Gangguan kesadaran. Mengantuk terus menerus, mulai kacau jika berkomunikasi dan lain-lain.
~ Minggu Ketiga
Suhu tubuh berangsung-angsur turun dan normal kembali di akhir minggu. Hal itu jika terjadi
tanpa komplikasi atau berhasil diobati. Bila keadaan membaik, gejala-gejala akan berkurang dan
temperatur mulai turun. Meskipun demikian justru pada saat ini komplikasi perdarahan dan
perforasi cenderung untuk terjadi, akibat lepasnya kerak dari ulkus. Sebaliknya jika keadaan
makin memburuk, dimana toksemia memberat dengan terjadinya tanda-tanda khas berupa
delirium atau stupor,otot-otot bergerak terus, inkontinensia alvi dan inkontinensia urin.
Meteorisme dan timpani masih terjadi, juga tekanan abdomen sangat meningkat diikuti dengan
nyeri perut. Penderita kemudian mengalami kolaps. Jika denyut nadi sangat meningkat disertai
oleh peritonitis lokal maupun umum, maka hal ini menunjukkan telah terjadinya perforasi usus
sedangkan keringat dingin,gelisah,sukar bernapas dan kolaps dari nadi yang teraba denyutnya
memberi gambaran adanya perdarahan. Degenerasi miokardial toksik merupakan penyebab
umum dari terjadinya kematian penderita demam tifoid pada minggu ketiga.
~ Minggu keempat
Merupakan stadium penyembuhan meskipun pada awal minggu ini dapat dijumpai adanya
pneumonia lobar atau tromboflebitis vena femoralis.
PENCEGAHAN
Pencegahan demam tifoid, rute utama penularan demam tifoid adalah melalui air minum
atau makan makanan yang terkontaminasi dengan Salmonella typhi. Pencegahan didasarkan
pada akses menjamin untuk aman air dan dengan mempromosikan praktek-praktek penanganan
makanan yang aman. Pendidikan kesehatan penting untuk meningkatkan kesadaran publik dan
mendorong perubahan perilaku.
1. Air yang aman
Demam tifoid adalah penyakit ditularkan melalui air dan ukuran pencegahan utama
adalah untuk memastikan akses terhadap air yang aman. Air harus berkualitas baik dan
harus cukup untuk kebutuhan semua masyarakat. Selama wabah langkah-langkah kontrol
berikut adalah kepentingan tertentu:
a. Di daerah perkotaan, pengendalian dan pengobatan sistem pasokan air harus
diperkuat dari tangkapan ke konsumen. Air minum yang aman harus dibuat
tersedia untuk populasi melalui sistem pipa atau dari truk tangki.
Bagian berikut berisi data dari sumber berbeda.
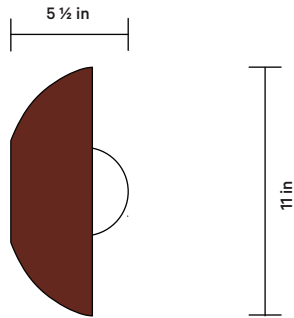

Augustus Surface Mount

SIDE VIEW

b. Di daerah pedesaan, sumur harus diperiksa untuk patogen dan dirawat jika perlu.
c. Di rumah, perhatian khusus harus diberikan kepada desinfeksi dan penyimpanan air
yang aman sumbernya.
2. Makanan yang aman
Makanan yang terkontaminasi merupakan wahana yang penting untuk transmisi demam tifoid.
Penanganan makanan yang tepat dan pengolahan adalah yang terpenting dan kebersihan dasar
berikut tindakan harus dilaksanakan atau diperkuat selama wabah:
mencuci tangan dengan sabun sebelum menyiapkan atau sebelum makan makanan.
3. Sanitasi
Sanitasi yang layak memberikan kontribusi untuk mengurangi risiko penularan dari semua
bakteri patogen termasuk Salmonella typhi.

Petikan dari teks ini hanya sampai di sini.